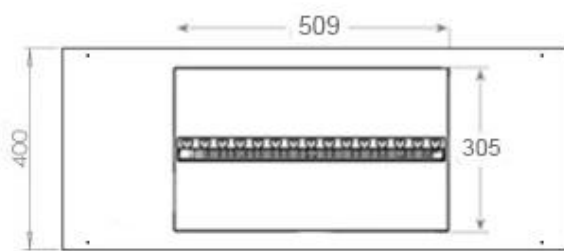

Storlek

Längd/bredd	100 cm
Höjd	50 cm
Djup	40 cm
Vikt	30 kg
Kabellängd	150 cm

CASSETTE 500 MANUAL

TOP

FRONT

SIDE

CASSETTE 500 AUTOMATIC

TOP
----------------
— TASK REQUIREMENTS —
How many of the lines in the records include the string "CASSETTE"? Reply with the number alone.

— YOUR SOLUTION —
2